OP have a look at the pic in post #7 in the link, thats how I have mine setup except I run a filter on the top vent......thats how you need to do it. http://www.kawieriders.com/forum/kawasaki-kfx700-v-force/86481-about-catch-can-bypass.html


----------



## 06REDGRIZZ (Mar 6, 2009)

thanks for the info guys ill get some pics of it later this afternoon didn’t have a chance last night to get them. as far as why i have my vent for the catch can ran back to the air box is because i don’t really want to put a external filter on it. reason being is if its ran back to the air box you use the filter you already have and the air box is already snorkeled so no need to run a ugly filter up with the snorks.
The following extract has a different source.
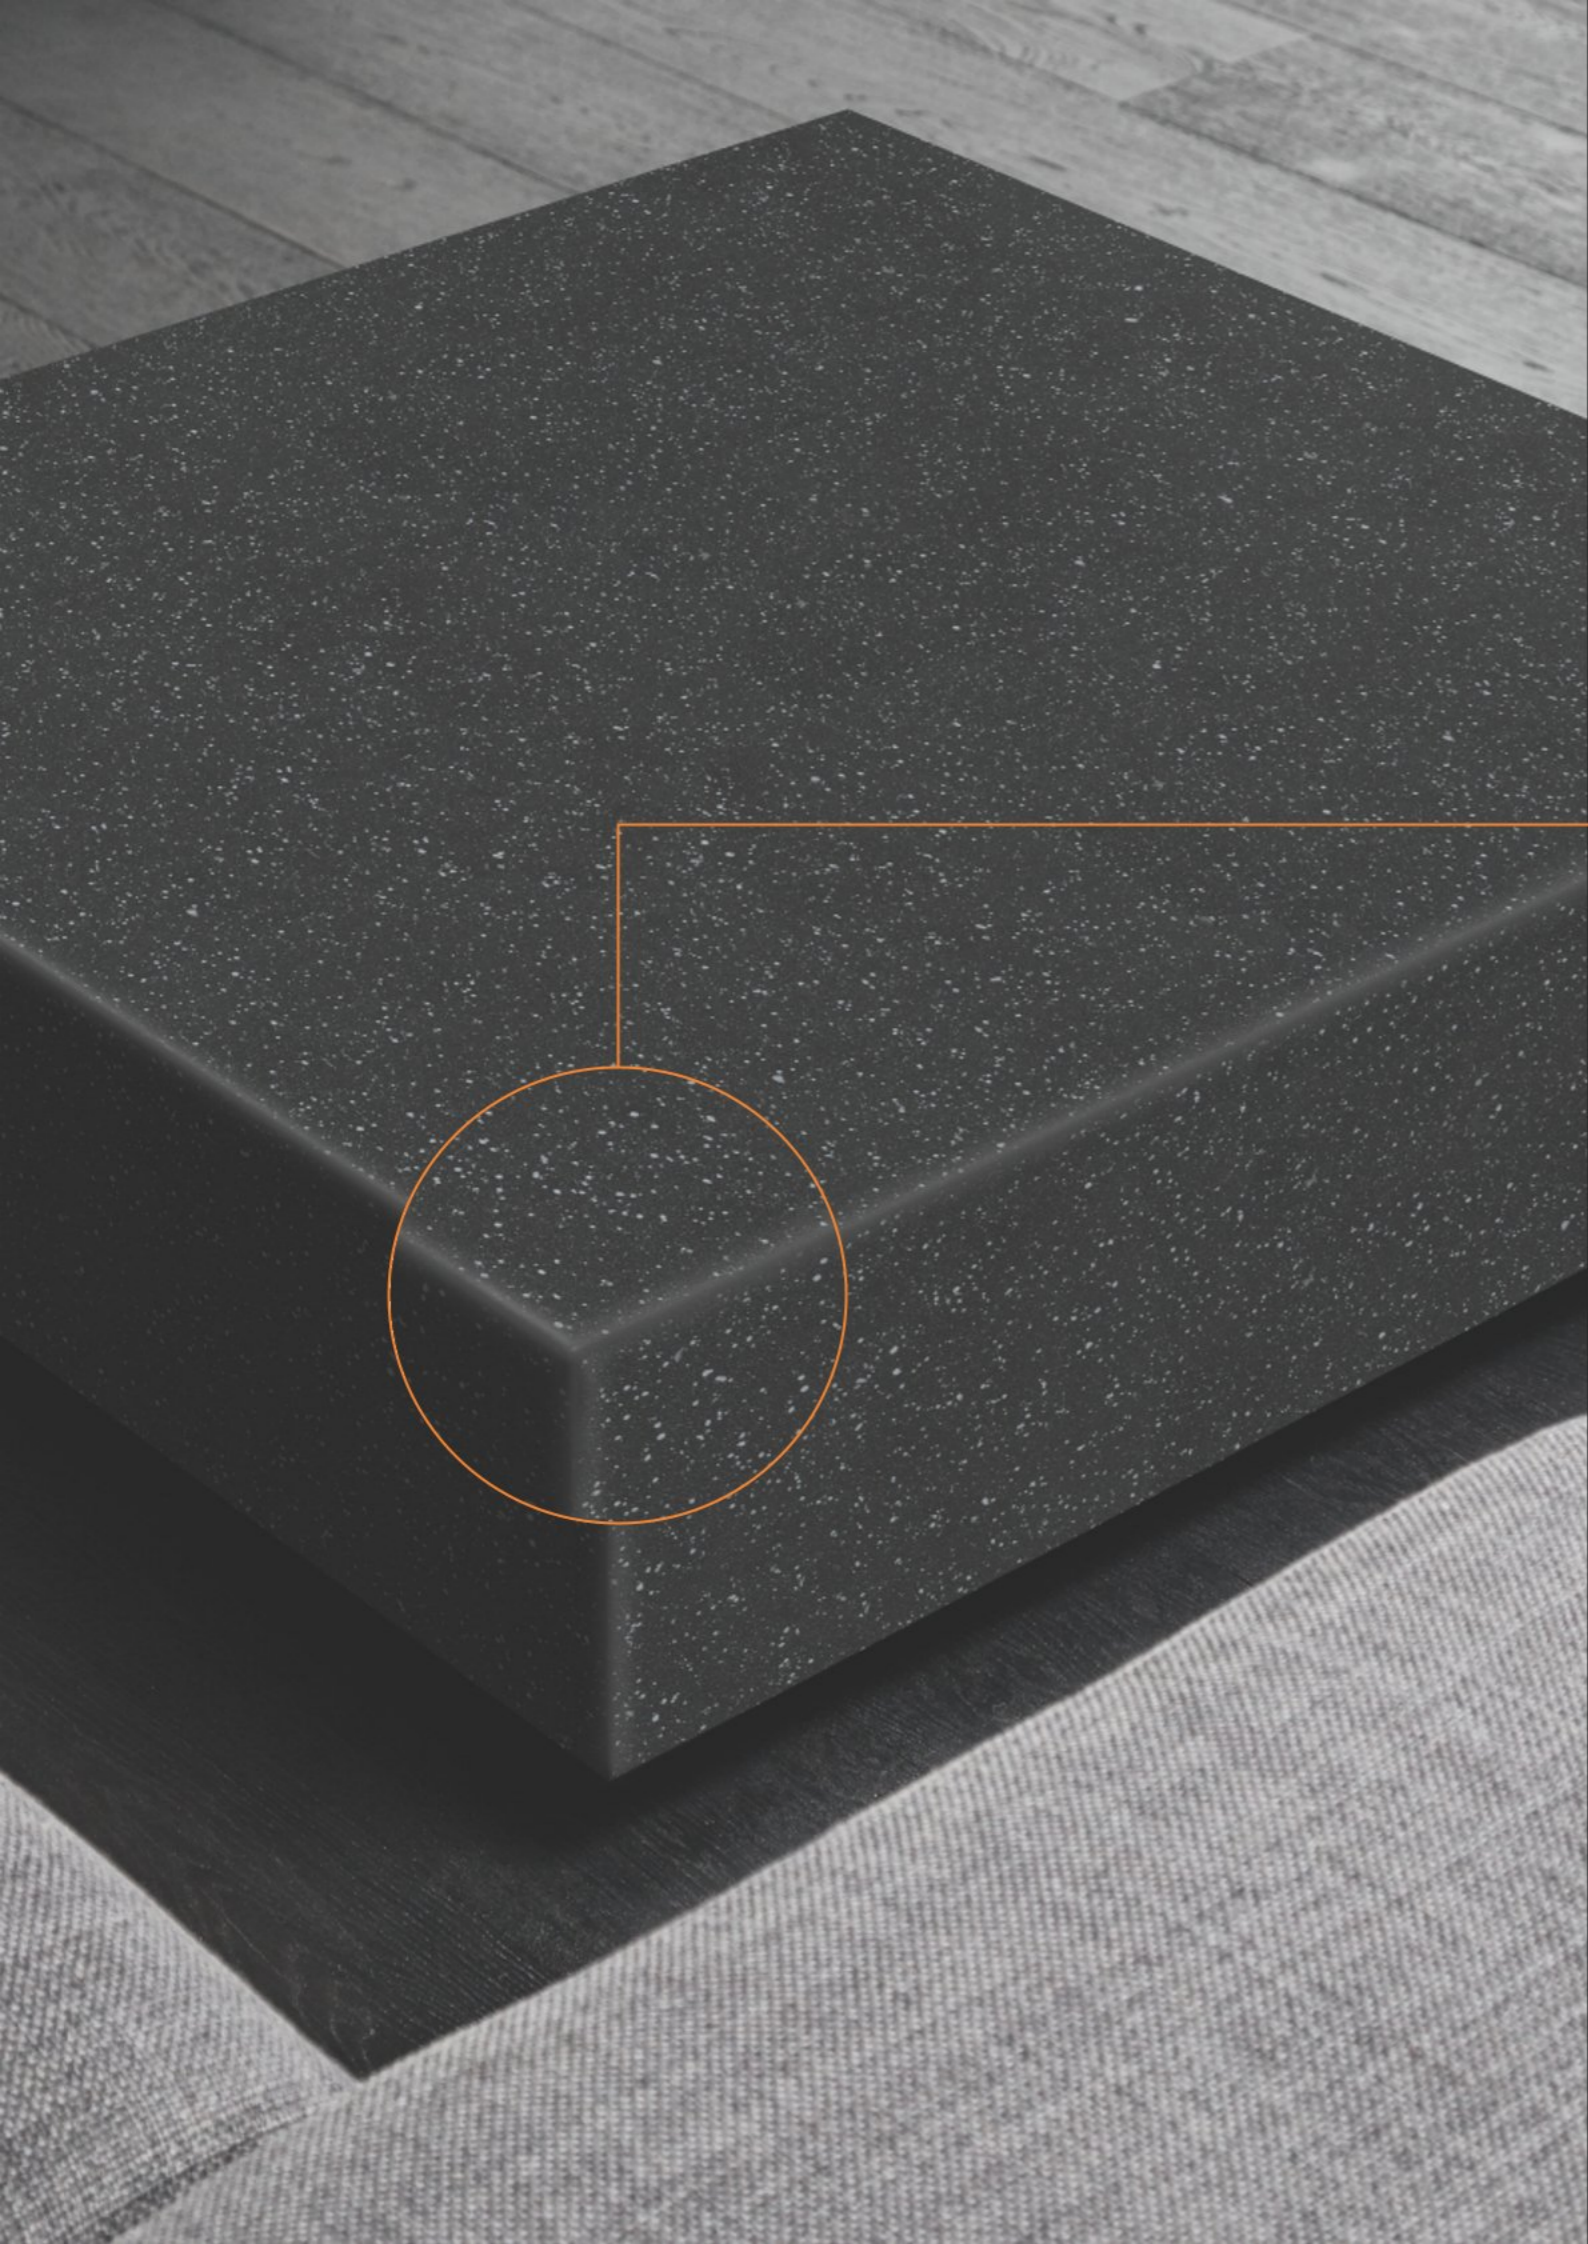

Perfection

— THAT IS FLAWLESS

EDGE PROFILES

I think my problem is in the routing of my lines. meaning i think my return line is to restricted ( i hope) i have a few ideas to try before i route the vent up to a filter but thats last resort.


----------



## hfdbuck09 (Oct 22, 2010)

actually the line you have in the airbox isnt filtered unless you have it run through the filter itself. you still get dirty air and dust in that line cause the filter doesnt filter the whole airbox it filters just the carbs. let us know how it goes


----------



## NMKawierider (Apr 11, 2009)

hfdbuck09 said:


> actually the line you have in the airbox isnt filtered unless you have it run through the filter itself. you still get dirty air and dust in that line cause the filter doesnt filter the whole airbox it filters just the carbs. let us know how it goes


If he put it back to the original port it comes out inside the filter so he's good. If its on the side, then you are right and he should put a small filter pac over it. I did for now but its going back to the original port next time I have the plastics off.

Here is what I put on there for now. I oil the pad with some old K&N filter oil. Think I'll use some foam filter oil next time. Maybe it won't work its way to the bottom.


----------



## 06REDGRIZZ (Mar 6, 2009)

i put mine back in the original port under the filter.


----------



## NMKawierider (Apr 11, 2009)

06REDGRIZZ said:


> i put mine back in the original port under the filter.


Good.


----------



## 06REDGRIZZ (Mar 6, 2009)

well i found the problem. my can had some how came loose and was lying flat instead of straight up and down and my return line was higher than my vent so it had no other choice but to drain threw the vent. going to fix it for good this time with my own can instead of that cheap plastic yfz can.


----------